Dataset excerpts
○ ○ ○ ○ ○ ○ ○

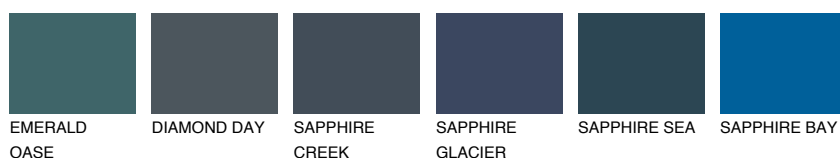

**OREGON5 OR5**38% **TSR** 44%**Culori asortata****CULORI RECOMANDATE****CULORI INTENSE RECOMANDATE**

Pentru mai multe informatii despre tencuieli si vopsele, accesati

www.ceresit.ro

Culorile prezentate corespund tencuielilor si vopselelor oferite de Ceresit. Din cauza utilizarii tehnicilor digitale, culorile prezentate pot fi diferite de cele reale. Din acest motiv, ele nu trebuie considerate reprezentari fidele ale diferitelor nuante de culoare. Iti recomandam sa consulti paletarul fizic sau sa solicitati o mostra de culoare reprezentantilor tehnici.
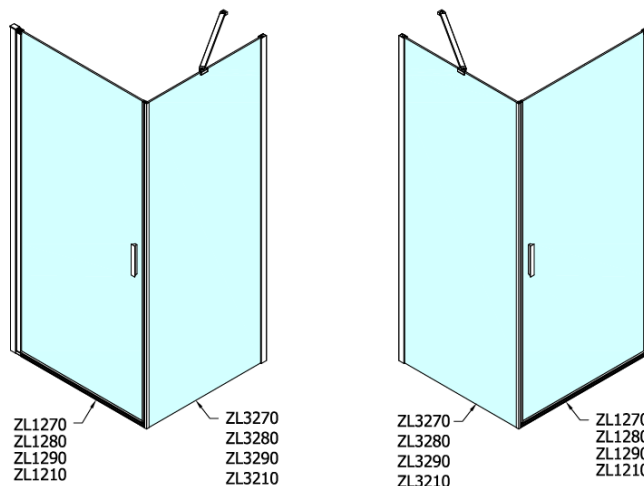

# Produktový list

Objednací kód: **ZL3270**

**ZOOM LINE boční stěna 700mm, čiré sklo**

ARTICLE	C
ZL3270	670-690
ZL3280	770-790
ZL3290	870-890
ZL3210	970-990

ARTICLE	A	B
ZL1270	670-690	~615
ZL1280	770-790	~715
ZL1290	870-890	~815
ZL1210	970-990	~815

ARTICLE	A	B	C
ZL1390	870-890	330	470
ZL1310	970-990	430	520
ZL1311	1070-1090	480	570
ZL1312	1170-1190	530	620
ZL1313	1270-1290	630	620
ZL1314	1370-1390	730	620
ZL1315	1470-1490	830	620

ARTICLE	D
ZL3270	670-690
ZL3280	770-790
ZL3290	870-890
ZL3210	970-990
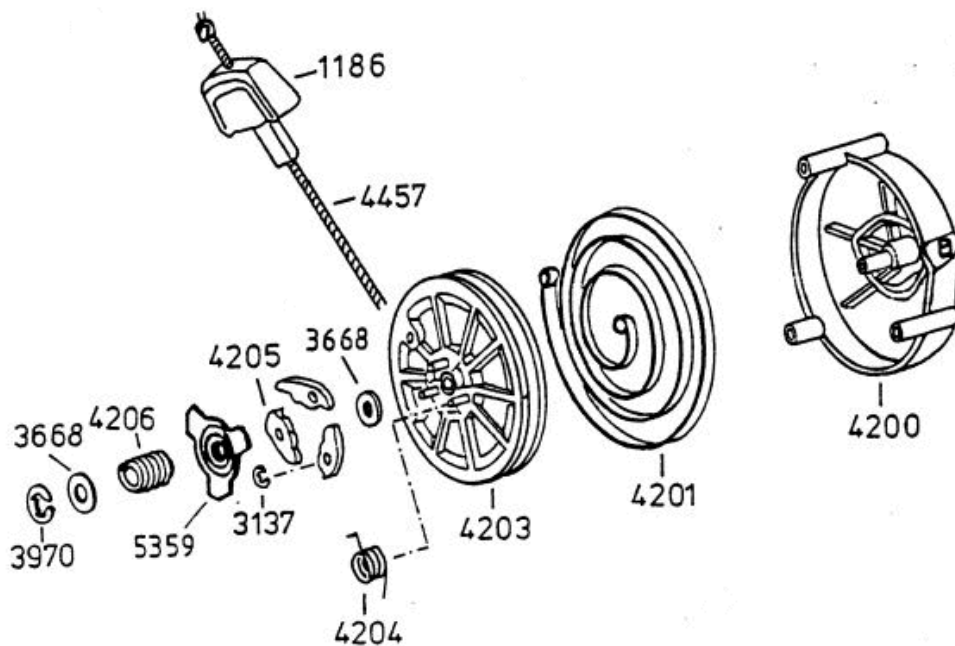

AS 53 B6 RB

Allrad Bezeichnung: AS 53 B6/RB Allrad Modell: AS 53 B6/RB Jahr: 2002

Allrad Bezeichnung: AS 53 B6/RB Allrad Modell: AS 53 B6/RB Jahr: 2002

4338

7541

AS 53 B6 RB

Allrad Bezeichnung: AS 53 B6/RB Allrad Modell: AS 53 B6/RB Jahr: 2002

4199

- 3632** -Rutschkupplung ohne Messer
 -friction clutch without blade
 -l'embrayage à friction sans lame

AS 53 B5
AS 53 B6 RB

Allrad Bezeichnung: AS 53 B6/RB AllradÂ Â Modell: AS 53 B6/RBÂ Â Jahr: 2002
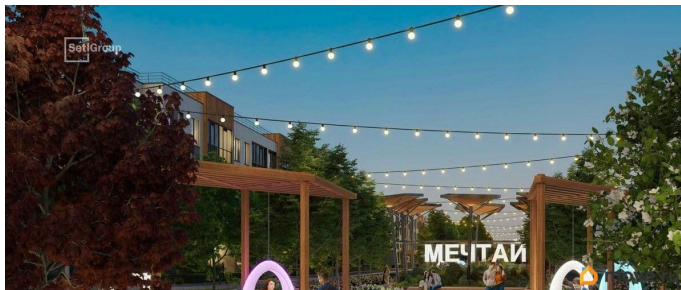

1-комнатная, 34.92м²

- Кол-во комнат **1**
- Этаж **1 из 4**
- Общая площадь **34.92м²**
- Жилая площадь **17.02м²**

○ ○ ○ ○ ○ ○ ○

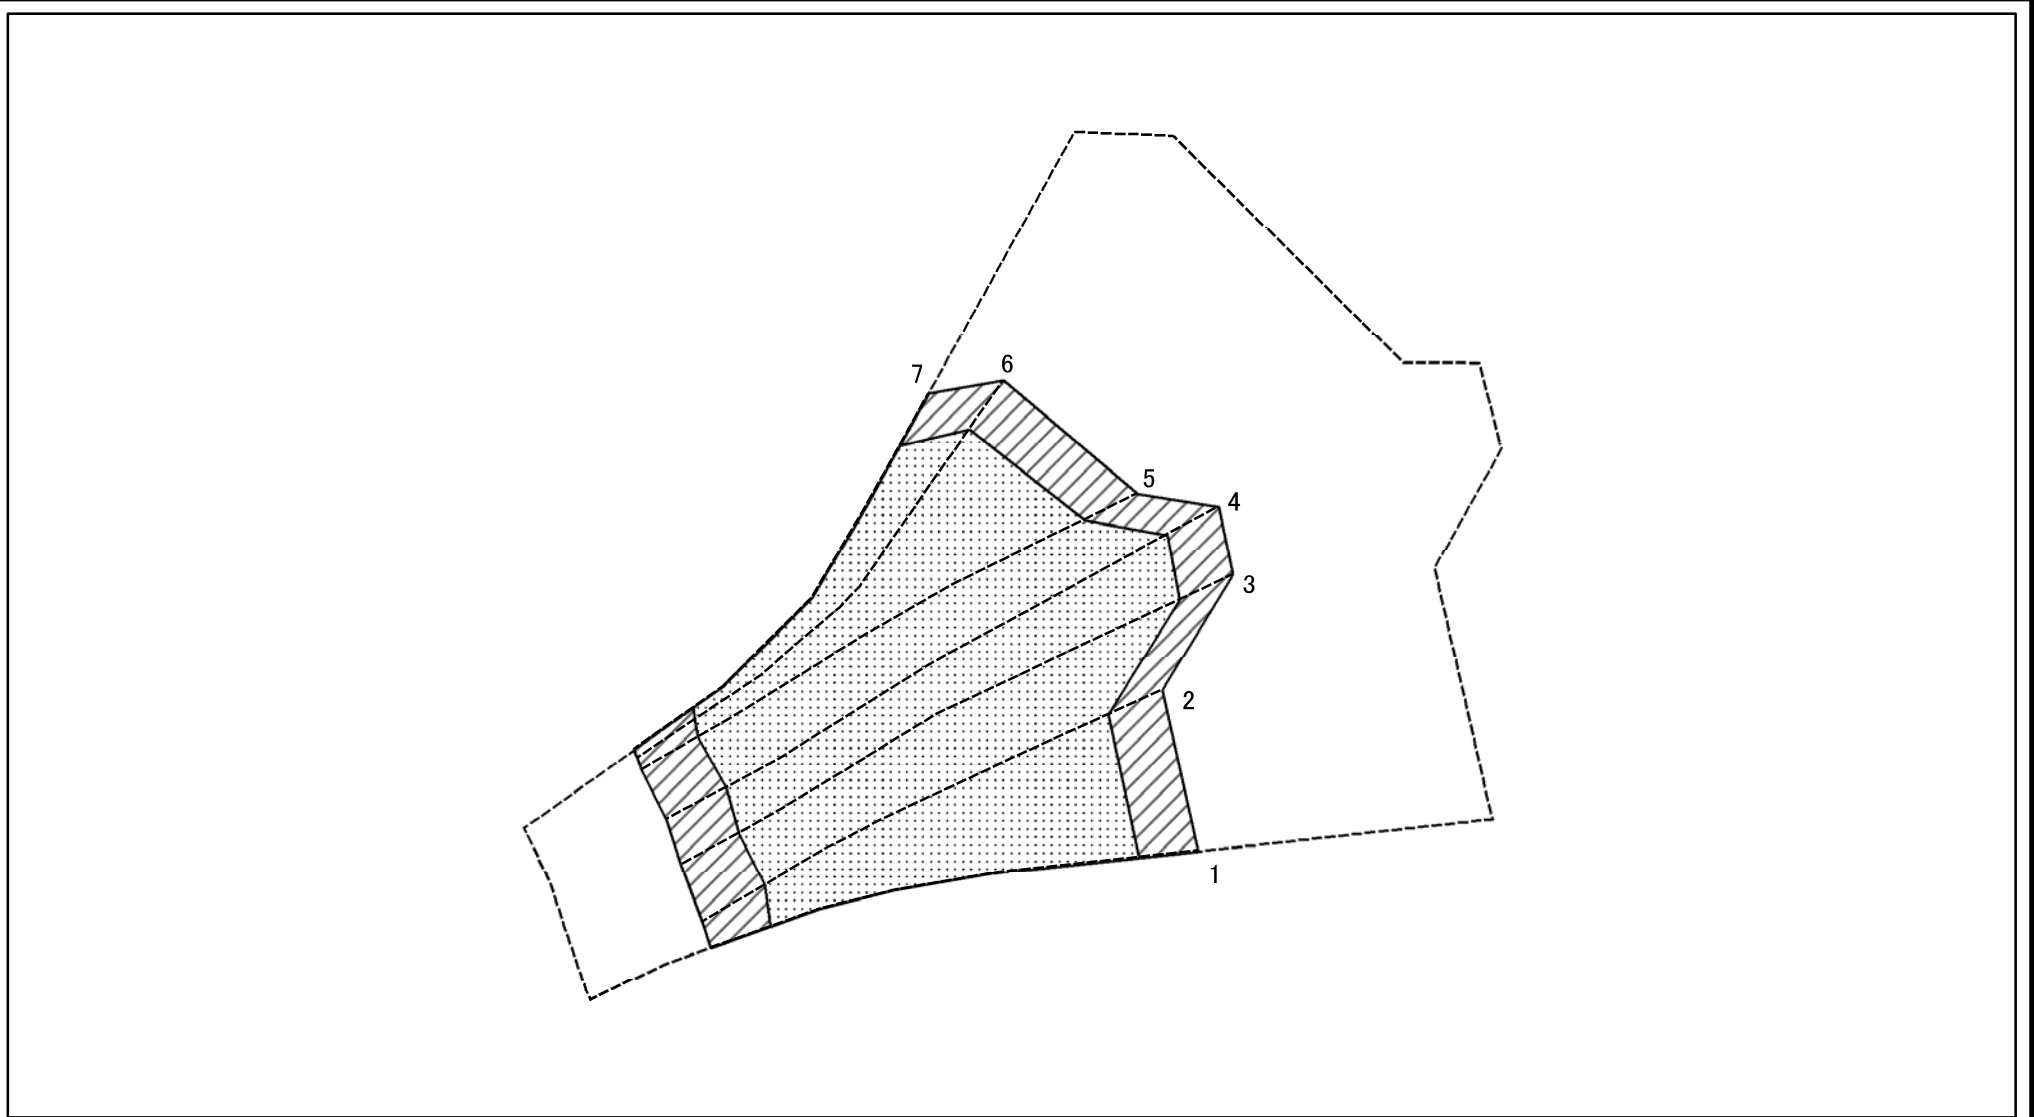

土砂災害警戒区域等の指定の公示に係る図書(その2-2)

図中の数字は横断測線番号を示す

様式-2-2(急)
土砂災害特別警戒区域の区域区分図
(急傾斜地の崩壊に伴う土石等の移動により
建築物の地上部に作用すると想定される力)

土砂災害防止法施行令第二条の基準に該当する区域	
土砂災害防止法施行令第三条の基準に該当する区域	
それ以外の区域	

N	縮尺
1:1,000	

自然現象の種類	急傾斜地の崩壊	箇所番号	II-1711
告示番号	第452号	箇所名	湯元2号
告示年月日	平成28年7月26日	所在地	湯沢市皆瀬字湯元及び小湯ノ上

○ ○ ○ ○ ○ ○ ○

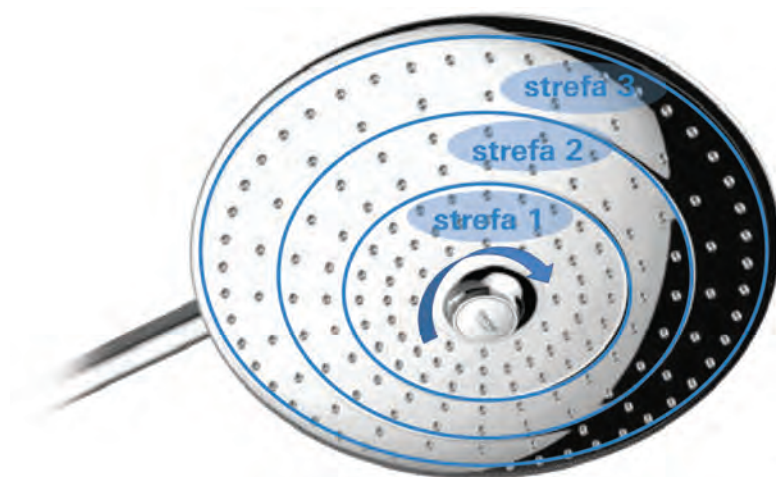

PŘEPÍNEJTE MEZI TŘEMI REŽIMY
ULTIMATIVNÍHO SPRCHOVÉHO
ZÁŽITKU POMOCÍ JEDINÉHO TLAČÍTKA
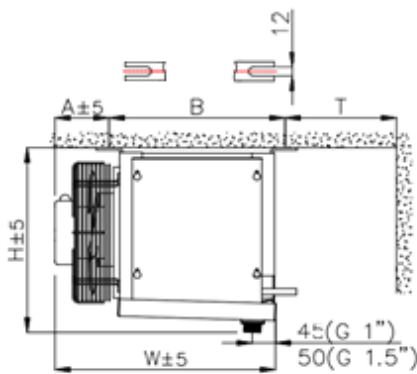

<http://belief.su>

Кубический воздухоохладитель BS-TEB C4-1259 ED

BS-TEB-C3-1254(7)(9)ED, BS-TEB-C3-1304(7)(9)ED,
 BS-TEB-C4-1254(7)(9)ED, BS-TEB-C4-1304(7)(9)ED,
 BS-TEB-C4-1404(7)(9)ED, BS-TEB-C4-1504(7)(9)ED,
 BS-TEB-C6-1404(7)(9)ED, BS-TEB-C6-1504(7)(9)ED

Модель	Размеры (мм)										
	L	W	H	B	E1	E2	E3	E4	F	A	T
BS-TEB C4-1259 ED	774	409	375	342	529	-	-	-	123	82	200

○ ○ ○ ○ ○ ○ ○

- **PROBLEM REQUIREMENTS**: Look back at the entries above and repeat, unchanged, every line from the line holding "<http://belief.su>" through the line holding "BS-TEB-C6-1404(7)(9)ED, BS-TEB-C6-1504(7)(9)ED".

- **ANSWER TO THIS TASK**:
<http://belief.su>

Кубический воздухоохладитель BS-TEB C4-1259 ED

BS-TEB-C3-1254(7)(9)ED, BS-TEB-C3-1304(7)(9)ED,
 BS-TEB-C4-1254(7)(9)ED, BS-TEB-C4-1304(7)(9)ED,
 BS-TEB-C4-1404(7)(9)ED, BS-TEB-C4-1504(7)(9)ED,
 BS-TEB-C6-1404(7)(9)ED, BS-TEB-C6-1504(7)(9)ED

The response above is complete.